Can I tell XmlTextWriter to write <element / "> instead of <element /">?
I have a situation where XML data is processed by two different mechanisms. In one place, it is processed using the Python library xml.dom.minidom. In another, similar processing is done in .NET through an XmlTextWriter.
The output generated by the Python code writes empty <ElementName /> elements (without a space until the element is closed). Space is inserted in the .NET code (as a result, <ElementName /> appears).
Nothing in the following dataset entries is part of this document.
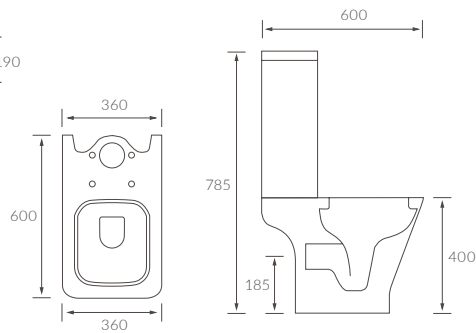

SEMI RECESSED BASIN

500 x 400mm

Binbrook

BASIN WITH FULL PEDESTAL

560 x 450mm

CLOSE COUPLED PAN AND CISTERN

Open back

Coupling to soil stack:
Straight out and straight down
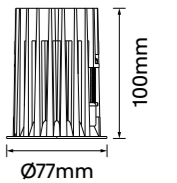

Ceiling cut-out Ø68 mm / 6-25mm ceiling thickness

Evolution-W68

Finish Options: White Black

Baffle Colour: White Black Matt

CCT: 3000K 4000K

Wattage: 13W (System 15W) | 18W (System 21W)

Beam: Asymmetric

Ceiling cut-out Ø68 mm / 6-25mm ceiling thickness
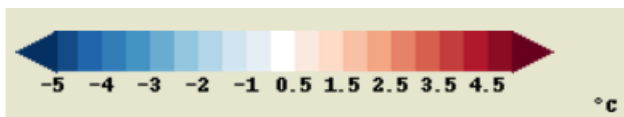

The picture on the right side shows the RCP 8.5 scenario with medium temperature increase.

1900–2000

2000–2100

Deutschland
mean temperature [°C] annual mean

This has nothing to do with the reality or value of XML, but it leads to the fact that the output is defined as different when comparing the two outputs.
Is there a way to tell XmlTextWriter not to include extra space? Otherwise, is there a way to include extra space in Python generated output (without going to the source of the library, which is possibly something that I find undesirable ;-))?
Update: Perhaps I should explain what I'm trying to do, and not just describe the problem. Perhaps I am making things more complicated / painful than I should.
I really need some mechanism to determine that the structure represented by XML has not been changed. Initially, I smoothed XML (which fixed whitespace problems when everything was done in the .NET world), and then computed a salty data hash appropriately. Is there a better mechanism that I could / should use?
This is probably not the answer you need: don't compare the XML output as plain text. We do this for our unit tests (two applications that exchange xml messages) and it is fragile, easily broken, annoying and requires a lot of maintenance. You have to parse the xml output and compare the structure - writing such a tool will require more work (maybe alrady is there), but when the result changes a little in the next version of any of the libraries, it will work anyway.
Change Well, now that you have explained your problem a little more, let me understand if I understand correctly: you have data for which you are generating XML output. Sometimes through .NET, and sometimes through Python. Let's say you create an output through .NET, then you compute the hash on it and save it. Later, you create output through Python, which should have the same content, and you also calculate the hash for it. Now the two hashes are not equal due to a space problem.
If this is the case, you can go through the XML document and calculate the hash based on the visible nodes with their attributes and values. A simpler approach would be to remove all unnecessary spaces from the output (no matter where the output comes from), and then do your hash calculation. You can do it in Python ;)
You will find that the problem only occurs if you set the Indent property in XmlWriterSettings to true . When Indent == false , no place is inserted. But if you want padding, you need to live with this space.
So, perhaps the solution to your program is to disable padding in both tools?
This is unsuccessful because it is practically possible to change.
The XmlWriter implementation actually calls XmlWriterSettings.CreateWriter to create an entry based on the parameters you pass. If Indent == true , then it creates an XmlEncodedRawTextWriterIndent , which is an inner class derived from an abstract XmlWriter . It overrides WriteFullEndElement and inserts this space.
In theory, you can create your own class derived from XmlEncodedRawTextWriterIndent , which overrides WriteFullEndElement . If you could do this, it would be easy to prevent indentation. But you cannot do this because it is an internal class (internal to System.Xml ). Even if you can subclass XmlEncodedRawTextWriterIndent , you XmlEncodedRawTextWriterIndent have a problem: XmlWriterSettings.CreateXmlWriter not able to instantiate the class, and XmlWriterSettings is sealed .
I assume there are good reasons for effectively preventing the creation of custom XmlWriter classes, although they are currently avoiding me.